The fact that the autopsy revealed hardening of the arteries of the heart and no traumatic injury sufficient to cause death does not exonerate defendant. In his final autopsy report defendant's witness, Dr. Steffee, stated that "the increased cardiac demand occasioned by an altercation might have precipitated death." The law declares "that one who inflicts an injury on another and thereby accelerates his death shall be held criminally responsible therefor." 40 Am.Jur.2d Homicide § 16 (1968). See also, 4 Strong, N.C.Index 2d, Homicide § 1 (1968).
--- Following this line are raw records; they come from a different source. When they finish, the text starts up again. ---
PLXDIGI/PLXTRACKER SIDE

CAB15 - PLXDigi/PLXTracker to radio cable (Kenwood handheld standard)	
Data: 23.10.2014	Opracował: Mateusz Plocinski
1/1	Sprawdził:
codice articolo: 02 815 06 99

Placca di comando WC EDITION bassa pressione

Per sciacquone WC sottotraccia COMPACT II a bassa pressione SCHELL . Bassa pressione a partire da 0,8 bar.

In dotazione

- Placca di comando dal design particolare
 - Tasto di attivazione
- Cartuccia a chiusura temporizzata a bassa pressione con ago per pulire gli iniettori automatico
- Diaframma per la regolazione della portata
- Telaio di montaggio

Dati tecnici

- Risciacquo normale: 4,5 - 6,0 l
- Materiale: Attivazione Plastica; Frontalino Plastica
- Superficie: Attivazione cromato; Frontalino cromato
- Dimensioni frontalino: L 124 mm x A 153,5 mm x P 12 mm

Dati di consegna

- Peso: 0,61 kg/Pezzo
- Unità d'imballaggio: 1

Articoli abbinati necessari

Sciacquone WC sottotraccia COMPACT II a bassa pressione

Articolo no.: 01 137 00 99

Thus, if McKenzie's death came about as a result of the conjunction of his heart disease with either the violence or the excitement and shock of defendant's assault it was still brought about by defendant's unlawful act, for the consequences of which he would be answerable. Annot., 47 A.L.R. 2d 1072, 1077 (1956). The rule is well settled that the consequences of an assault which is the efficient cause of the death of another are not excused, nor is the criminal responsibility for causing death lessened, by the preexisting *242 physical condition which made the person killed unable to withstand the shock of the assault and without which predisposed condition the blow would not have been fatal. 40 Am.Jur.2d, Homicide § 20 (1968). See State v. Knight, supra.
From the evidence in this case it was permissible and reasonable for the jury to draw the inference that McKenzie would not have died but for defendant's unlawful assault and battery upon him. The motion for judgment of nonsuit was properly overruled.
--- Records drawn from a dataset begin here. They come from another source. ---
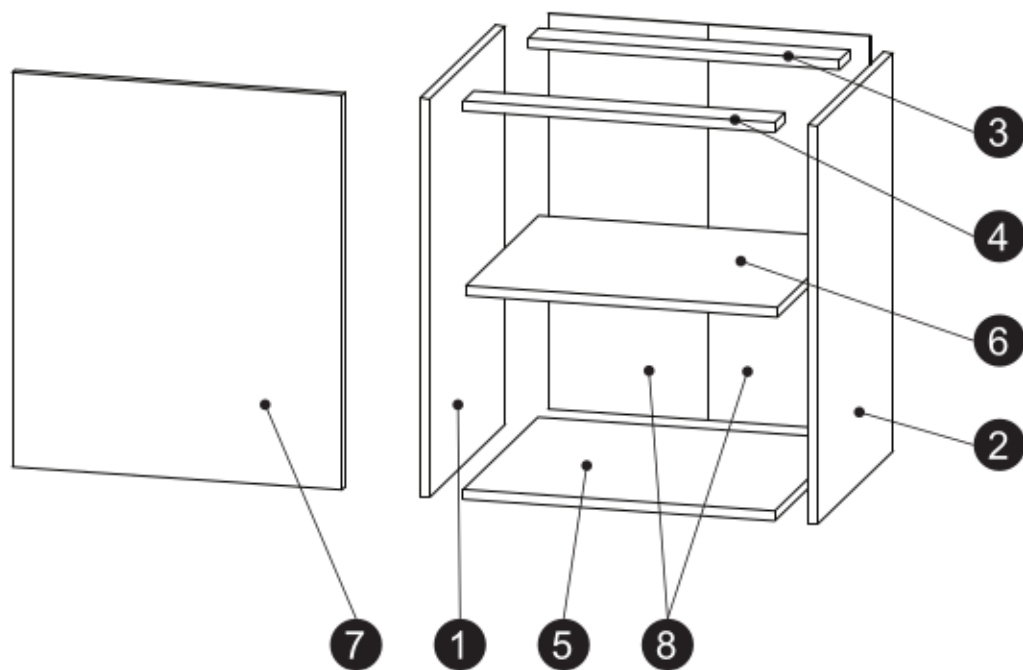

DLUGOŚĆ LENGTH LÄNGE LONGEUR	SZEROKOŚĆ WIDTH BREITE LARGEUR	GRUBOŚĆ THICKNESS STÄRKE GROSSEUR	ILOŚĆ QUANTITY ANZAHL QUANTITÉ	KOD CODE CODE CODE	PACZKA BOX SCHACHTEL BOÎTE
1	720	508	18	1		
2	720	508	18	1		
3	563	70	18	1		
4	563	70	18	1		
5	563	504	18	1		
6	563	490	18	1		
7	713	596	18	1		
8	715	291	3	2
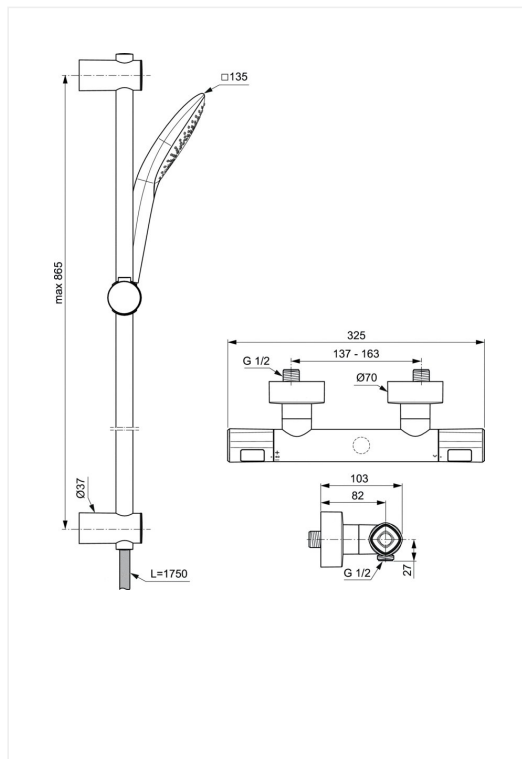

**Ideal Standard Ceratherm
 T100+Idealrain**

Sampak Brusetermostat+Brusersæt XL3/900

Varenummer: A7235AA

VVS: 722597824

- krom
- 135 mm Evo Jet Navigo® håndbruser
- 3 strålefunktioner
- antikalkdyser
- vandbegrænser 8 l/min
- 1750 mm idealflexslange
- 900 mm stang
- justerbare beslag
- brusetermostat Ceratherm T100
- med forskruninger og rosetter der skjuler omløberne
- kontraventiler i tilgange

	P	bar			Q (3 bar) 
	T	°C			l/min
					8
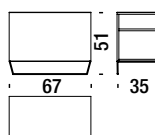

Libreria frontale 67x35x51

Front bookshelf 67x35x51 - Büchergestell Front 67x35x51 - Bibliothèque frontale 67x35x51

0,3 m³ 25 Kg

The decision of the Court of Appeals is
Affirmed.
HIGGINS, Justice (dissenting).
The evidence is fairly stated in the opinion of the Court except in one particular. The death certificate filed by the physician quoted in the opinion was made on the basis of the doctor's preliminary examination and before the autopsy.
Fairly construed, the evidence shows the deceased advanced to the attack and struck the first blow. True, the State's witness stated the blow struck by the defendant with the pipe "knocked his eyeballs out of his head." The autopsy examination failed to disclose any injuries to the eyes, skull or brain and that death resulted from hardening of the arteries.
The poor old woman testified: "My husband (deceased) jumped up and grabbed a rubber boot and ran outside. He hit Ellis Luther on the arm with that boot and then fell to the ground . . ." After identifying the piece of pipe the defendant used, the witness said "There are a million down there (the yard where the trouble occurred) just like it . . . Prior to being struck. . . . Baxter previously was sick with flu and he was weak. He had heart trouble."
The State's evidence, in my opinion, was insufficient to go to the jury and sustain a finding that death resulted as a result of the defendant's wrongful act. The case of State v. Horner, 248 N.C. 342, 103 S.E.2d 694, tends to support the court's decision in this case. In Horner, I thought at the time it was heard that the evidence was insufficient to support a finding of death by a wrongful act. For that reason I dissented and for the same reason I dissent now.